1.1. SQL Review#

Last updated: October 12, 2024

This is a review of Data 100 SQL syntax, plus more.

In this course, we’ll cover three types of data systems in this course—dataframes, relational databases, and Spark. This note will focus on the relational data model and a review of SQL—the language used to interact with relational data systems.

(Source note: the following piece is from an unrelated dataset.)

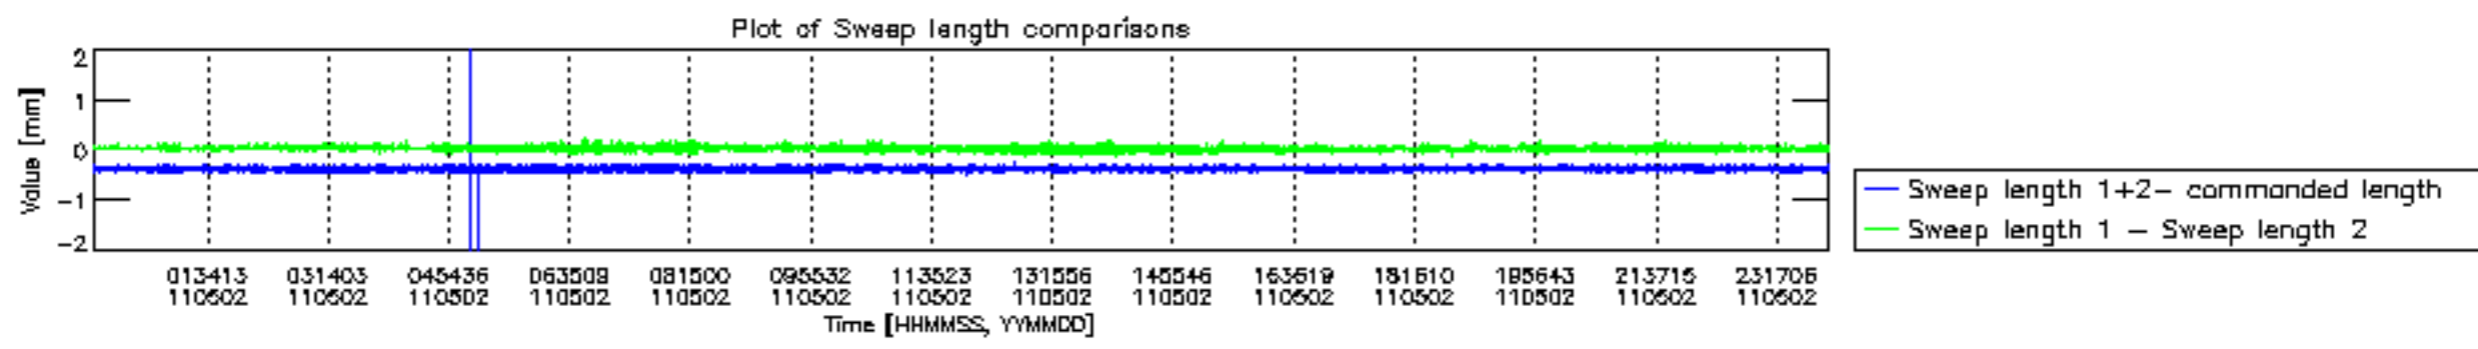

mipas_daily_report_level0_KSPT_L0_4504_N_20110502_12.PNG

mipas_daily_report_level0_KSPT_L0_4504_N_20110502_13.PNG

MIPNLOP_MIPSOUPAC_aux_fields_igm_cal, channel statistics plot
 Colour indicates value.

Structured Query Language, or SQL (pronounced “sequel”), is a high-level data transformation language supported by relational databases and other data systems like Spark. It is declarative rather than imperative, meaning:

  • Describes what rather than how

  • It’s query-centric rather than code-centric

1.1.1. PostgreSQL#

This course uses a dialect or flavor of SQL called PostgreSQL (also known as Postgres; see pronunciation). PostgreSQL is also the eponymous free, open-source database management system (DBMS) that is SQL-compliant. We’ll discuss DBMSes thoroughly throughout this course.

We draw broadly from the PostgreSQL documentation for much of the SQL syntax, conventions, and concepts in this course. When in doubt, clarify with the official documentation. If there is an inconsistency between the documentation and the course notes, please post on our course forums so we can update the course notes. Thanks!

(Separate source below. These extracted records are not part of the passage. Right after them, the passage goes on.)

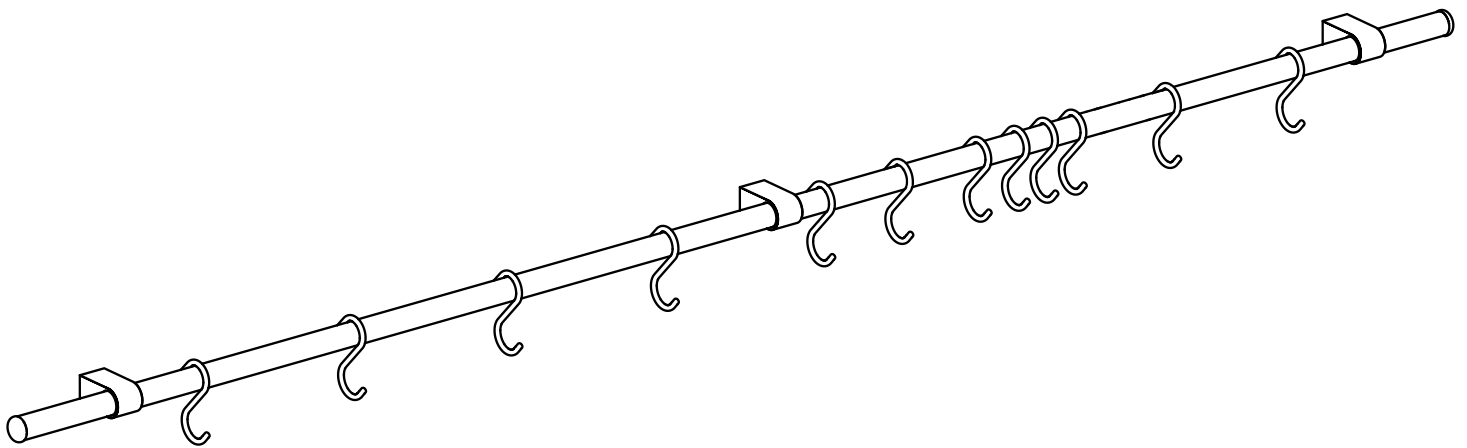

RELING KUCHENNY

TWIST 100

x3

x3

x1

x3

x2

x12

x1

dotnij pod wymiar

DODATKOWY UCHWYT PRZELOTOWY*

* uchwyt sprzedawany osobno
 * haczyki należy wsunąć przed nałożeniem skrajnych uchwytów
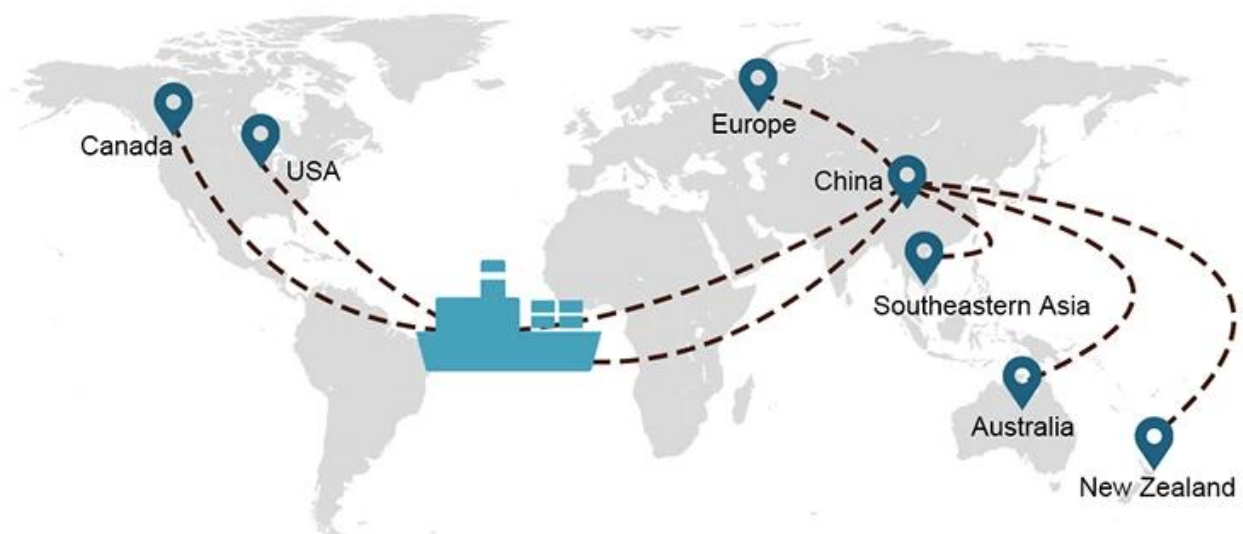

Envío de carga DDP al transporte marítimo del Reino Unido desde Shenzhen Guangzhou

EL TRANSPORTE MARÍTIMO es un servicio versátil que ofrecemos a aquellos que desean transportar envíos más grandes que no son sensibles al tiempo.

Elección de envío

- **FCL** (La carga de contenedor completo se ofrece de puerta a puerta o de puerto a puerto y todo lo demás en todo el mundo. Posicionamos contenedores en sus instalaciones para adaptarse a su horario y ofrecemos horarios flexibles hacia y desde ubicaciones en todo el mundo para satisfacer requisitos de envío más exigentes Sea cual sea el destino, entregaremos su carga a tiempo y dentro del presupuesto. **A través de las fronteras, a través de los continentes y en todo el mundo.**)
- **LCL** (Con nuestros servicios de carga fraccionada, ofrecemos capacidad garantizada, salidas regulares y frecuentes y una amplia variedad de destinos, ya sea en rutas

Rutas de servicio

Tiempo de envío

	EE. UU./Canadá	Europa	Japón	El sudeste de Asia	Australia	Otros países
El transporte marítimo	DDP 18-22 días	DDP 20-25 días	DDP 5-7 días	DDP 5-7 días	Puerto a puerto	

Shipping Procedure

19 Jun 2020

From Guangzhou to Davao Philippines fiberglass goo...

★★★★★

My parcel arrived earlier than expected here in Davao City, Philippines. Mr. Alex was very accommodating. He is very patient in answering queries and assisted me very well all throughout the process. Working with him and the company was a great experience and will definitely work with them again.
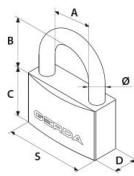

KLÓDKA SECURE KSW / KSWW

KOD	S	Ø	A	B	C	D
7716	30	5	15	18	26	13
7717	40	7	20	25	32	17
7718	50	10	23	27	36	23
7719	60	12	29	32	43	26
7720	70	12	40	36	45	28
7721	40	7	20	53	32	17
7722	50	10	23	60	38	23

INDEKS	NAZWA	INFO
7716	Kłódka KSW z wzmocnioną SECURE S30	zasuwkowa
7717	Kłódka KSW z wzmocnioną SECURE S40	zasuwkowa
7718	Kłódka KSW z wzmocnioną SECURE S50	zasuwkowa
7719	Kłódka KSW z wzmocnioną SECURE S60	zasuwkowa
7720	Kłódka KSW z wzmocnioną SECURE S70	zasuwkowa
7721	Kłódka KSWW z wzmocnioną SECURE S40H60	zasuwkowa
7722	Kłódka KSWW z wzmocnioną SECURE S50H70	zasuwkowa
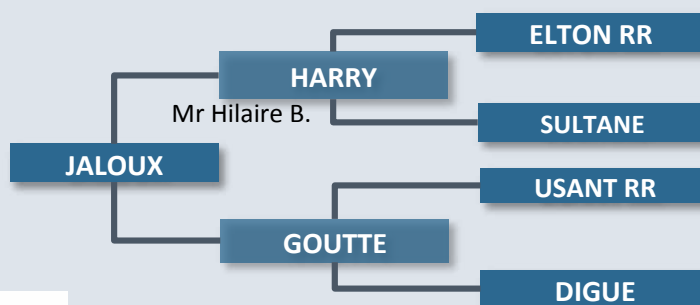

# 21 JALOUX

Propriétaire: Gaec Lebourg  
23800 Maison-Feyne

Date de naissance: 09/11/2014

N° National: FR 2315129802

PN 43kg P120J 183kg P210J 321kg  
GMQ 1361kg

Père (HARRY 1935148918)

Index mère (GOUTTE 2312844981)
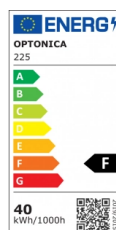

OPTONICA

Bombilla LED E27 40W PF>0.9

Potencia   **Color de luz**

- 40W

Luz blanca

Stamps

1.1.2. SQL Query Order of Execution#

You have likely had some experience with other SQL dialects—perhaps duckDB, or SQLite. This note therefore starts with a quick refresher of the SQL query structure, to make for easy reference. The rest of this note follows with conceptual explanations and details.

As a declarative language, SQL statements are not evaluated left-to-right, top-to-bottom. Instead, each SQL query is meant to read like English. The execution order, however, evaluates certain clauses in the query before other clauses in the query. Conceptually:

SELECT S                -- 5
FROM R1, R2, ...        -- 1
WHERE C1                -- 2
GROUP BY A1, A2, ...    -- 3
HAVING C2;              -- 4

Order of evaluation:

  1. FROM: Fetch the tables and compute the cross product of the relations R1, R2,

  2. WHERE: For each tuple from 1, keep only those that satisfy condition C1

  3. GROUP BY: Create groups of tuples by A1, A2, etc. At this time, for each group, compute all aggregates needed for C2 and S (below).

  4. HAVING: For each group, check if condition C2 is satisfied.

  5. SELECT: Add to output based on attribute set S.

Note that WHERE is therefore a row filter that happens before groups are made, whereas HAVING is a group filter that happens after groups are made.

Note

By convention, SQL keywords are in all caps, e.g., SELECT *, while attributes are in lowercase.

Note

End queries with a semicolon.

1.1.3. The Relational Data Model#

Let’s start with terminology drawn from the relational data model. The relational data model is the primary abstraction of the SQL landscape.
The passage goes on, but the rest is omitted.